- Alcorn at his drawing board at his house in Lyme, Connecticut, 1989
- Born: February 10, 1935 Corona, New York City, U.S.
- Died: January 27, 1992 (aged 56)
- Education: Cooper Union
- Known for: Graphic design, Film titles, Children's books
- Awards: see full list below

= John Alcorn (artist) =

John Alcorn (February 10, 1935 – January 27, 1992) was an American commercial artist and designer, and an illustrator of children's books.

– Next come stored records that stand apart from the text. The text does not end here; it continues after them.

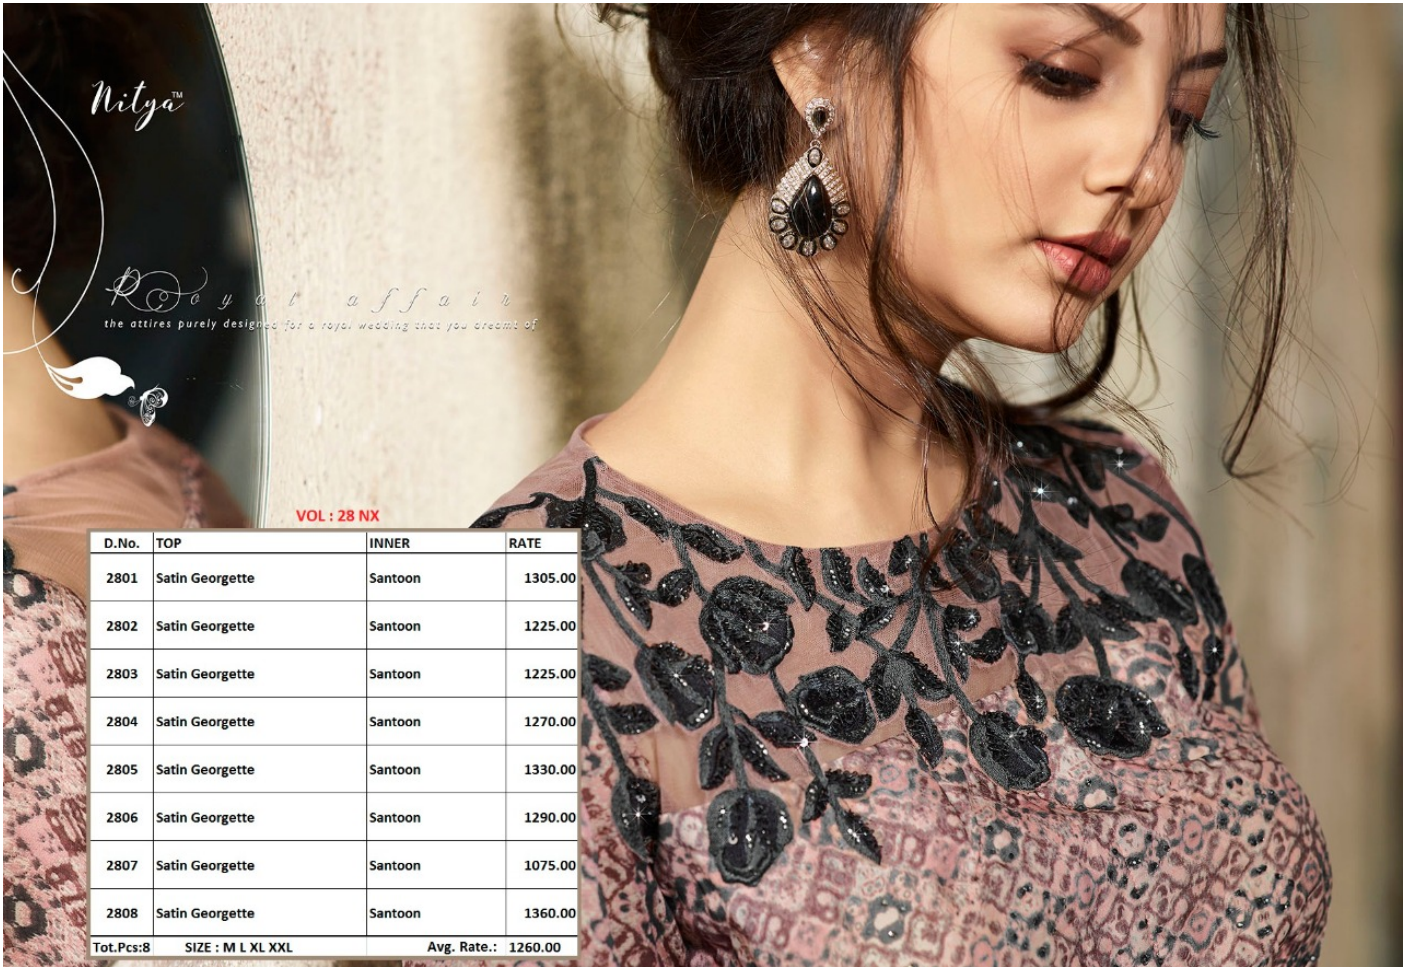

VOL : 28 NX

D.No.	TOP	INNER	RATE
2801	Satin Georgette	Santoon	1305.00
2802	Satin Georgette	Santoon	1225.00
2803	Satin Georgette	Santoon	1225.00
2804	Satin Georgette	Santoon	1270.00
2805	Satin Georgette	Santoon	1330.00
2806	Satin Georgette	Santoon	1290.00
2807	Satin Georgette	Santoon	1075.00
2808	Satin Georgette	Santoon	1360.00
Tot.Pcs:8	SIZE : M L XL XXL		Avg. Rate.: 1260.00
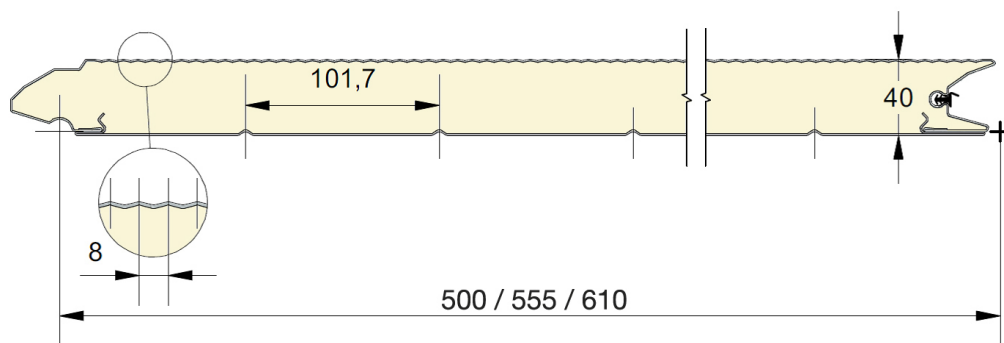

Panneau anti-pince-doigts à face extérieure micronervurée 8mm
 Disponible en hauteurs 500, 555 et 610mm.
 Face intérieure lignée, embossée Stucco, RAL 9010.

PANNEAU UM8

REFERENCE	HAUTEUR	EMBOSSAGE
719	500	Lisse
764	555	Lisse
720	610	Lisse

EMBOSSAGES

Lisse

COULEURS

	9016 P	1015	6005	6009 P	7016 P	7016 M	7024 M	7035 P	7039 M	8014 P	9006	Anthracite	INOX
500	●	○	○	○	●	●*	○*	○	●*	○	○	○	○
555	●				●	○*	○*		○*				
610	●	○			●	●*		○		○	○		

● = Standard ○ = Option (min. 100 m²) * = uniquement en lisse
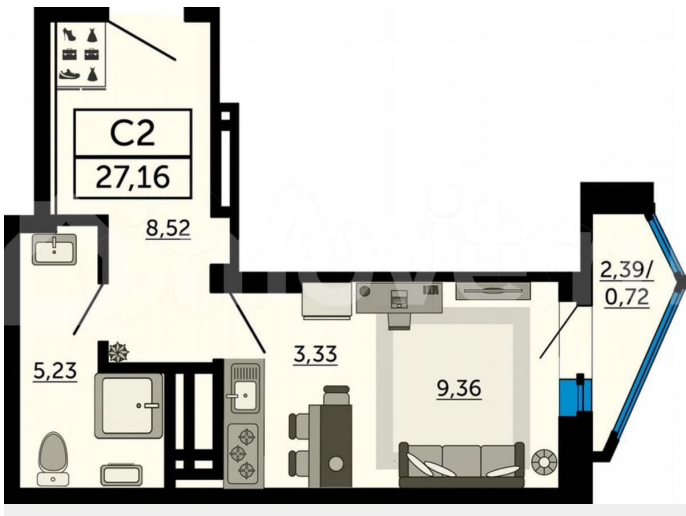

ROYAL TOWERS
BUSINESS CLASS RESIDENTIAL COMPLEX

ЖК ROYAL TOWERS – НОВЫЙ ЖИЛОЙ КОМПЛЕКС БИЗНЕС-КЛАССА
ДЛЯ ТЕХ, КТО ПРИВЫК К ЛУЧШЕМУ!

Ул. Привокзальная, 9	Собственный торговый центр
Футбольное поле	Подземный паркинг на 621 место
Уличный кинотеатр	Детские площадки
Видовые квартиры	Зоны отдыха
Воркгау-зоны	

ЖК ROYAL TOWERS* – КОРОЛЕВСКИЕ БАШНИ
ЖИЛОЙ КОМПЛЕКС ПО АДРЕСУ:
УЛ. ПРИВОКЗАЛЬНАЯ, 9, ЖЕЛЕЗНОДОРОЖНЫЙ РАЙОН

*ROYAL TOWERS
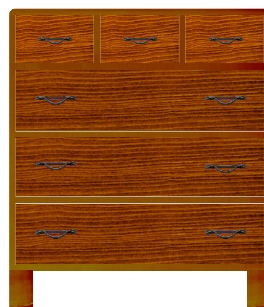

製作図

特註 80 巾総桐チェスト 三の三 薄樺色&樺色

※注

色合いは、実際の製品とは若干異なって見える場合がございます。

引出し外寸&内寸は、表記のサイズから数ミリ程度の許容差がございます。

【仕様】

- サイズ：巾800×奥行420×高さ925mm
- カラー：

薄樺色&樺色
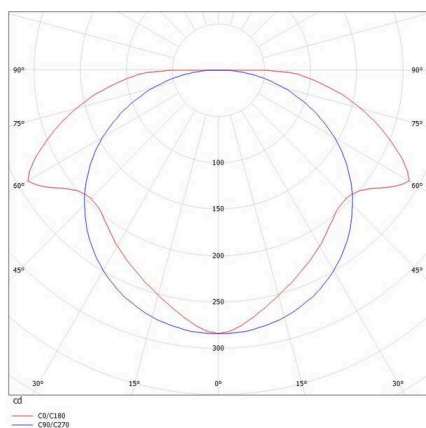

FORO

341-40013550

FORO LONG W LAMPADA DA PARETE A PLAFONE in alluminio, bianco, simile a RAL 9003, emissione luminosa diretta / indiretta, con alimentatore, dimmerabilità: non dimmerabile, IP20

DISEGNO

DETTAGLI TECNICI

Lampadina	LED
Potenza sistema [W]	11
Flusso luminoso [lm]	935
Temperatura colore	2700K
CRI	>90
Alimentatore	con alimentatore
Dimmerabilità	non dimmerabile
Area di emissione luce	diretta / indiretta
Tensione	220-240V 50/60Hz
Lunghezza [mm]	300
Larghezza [mm]	70
Altezza [mm]	100
Classe di protezione	IP20
Classe di protezione	classe di protezione I
Materiale	alluminio
Colore base	bianco
RAL	9003
Durata di vita [h]	L80 B10 20 000
Classe efficienza energetica	F
Peso netto [kg]	10,40
EAN numero	9010506265415

CURVA DISTRIBUZIONE LUCE

Etichetta energetica

I valori indicati sono nominali. Tolleranza della potenza e del flusso luminoso +/- 10%.
Tolleranza della temperatura colore: +/- 150 K. I valori sono riferiti ad una temperatura ambiente di 25°C, salvo diversa indicazione.
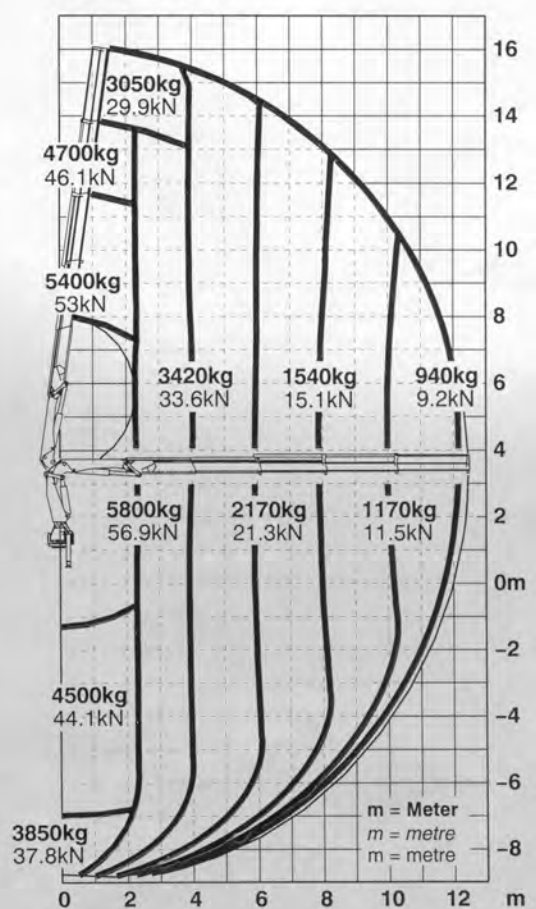

Max. Hubmoment		148,1 kNm / 15,1 mt
Max. Hubkraft bei 30° Hauptarmstellung	65,2 kN / 6650 kg	bei 2,2 m
Max. hydraulische Reichweite		14,7 m
Max. Reichweite (mit 2. Knickarm)		25,5 m
Schwenkbereich		400°

## Standardkran:

Schwenkmoment		17,7 kNm / 1,8 mt
Reichweite		6,1 m
Abstützbreite standard		5,1 m
maximal		6,6 m
Platzbedarf für Montage		0,9 m
Kranbreite zusammengelegt		2,5 m
Max. Betriebsdruck		275 bar
Empfohlene Fördermenge der Pumpe		40 l/min
Eigengewicht (ohne Befestigungsteile, Pumpe und Öl)		1945 kg

# PK 16000 D

R. 2-4  
HEN  
0-0  
751

# Maximale Hubkräfte:

Reichweite      Hubkraft

PK 16000

hydraulisch

2,2 m      65,2 kN / 6650 kg

3,8 m      39,0 kN / 3980 kg

5,7 m      26,0 kN / 2650 kg

PK 16000 A
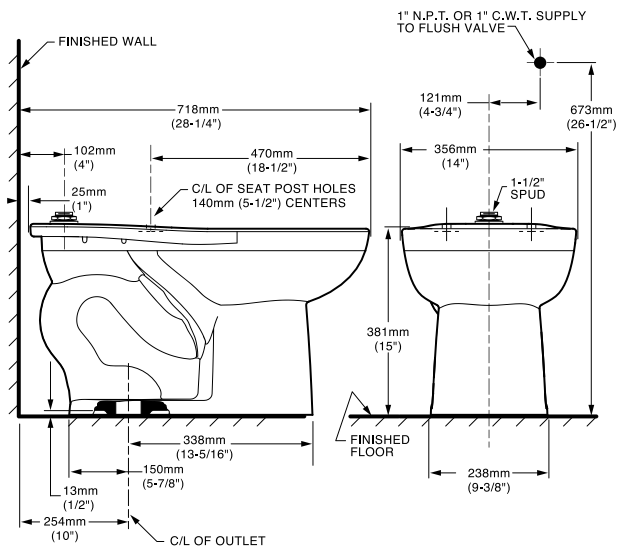

Taza para fluxómetro **Cadet Flowise**

- Taza alargada
- Cerámica porcelanizada de alto brillo con superficie antimicrobial permanente EverClean®
- 4.8 litros por descarga
- Altura normal 15" (38.1 cm)
- Trampa 100% esmaltada de 2-1/8"
- Acción de sifoneo con jet, requiere presión mínima de 25 psi=1.4 kg / cm²
- Spud de 38 mm. Conexión superior incluida
- No incluye asiento, ni fluxómetro
- Desalojo de sólidos comprobado de 1,000 g MaP

He was associated with the visual style developed at Push Pin Studios, which helped reshape American commercial illustration during the 1960s through the revival and reinterpretation of historical graphic styles.

In addition to his accomplishments in the areas of packaging, corporate and dimensional design, Alcorn designed the opening titles for several Federico Fellini films. During his career, Alcorn created numerous book jackets and paperback covers, and his work appeared in many major exhibits.

== Biography ==

=== Early life and education ===
A native New Yorker, John Alcorn was born in Corona, Queens, in 1935. His maternal grandparents were born in Settimo Rottaro, a village in northern Piedmont, Italy. When he was five years old, his family moved to Great Neck, Long Island. He was educated in the local schools. He studied graphic arts at The Cooper Union. During his first two years at Cooper Union, he studied drawing, calligraphy, architecture, the mechanics of typography, and dimensional design. In his last year, his studies consisted of illustration, graphics and advertising design.

=== Early career ===
Alcorn's early career included work in the art department of Esquire magazine, a brief stint with a pharmaceutical advertising agency, and sound training at the Push Pin Studios, the celebrated design studio founded by Milton Glaser, Seymour Chwast, Reynold Ruffins, and Edward Sorel.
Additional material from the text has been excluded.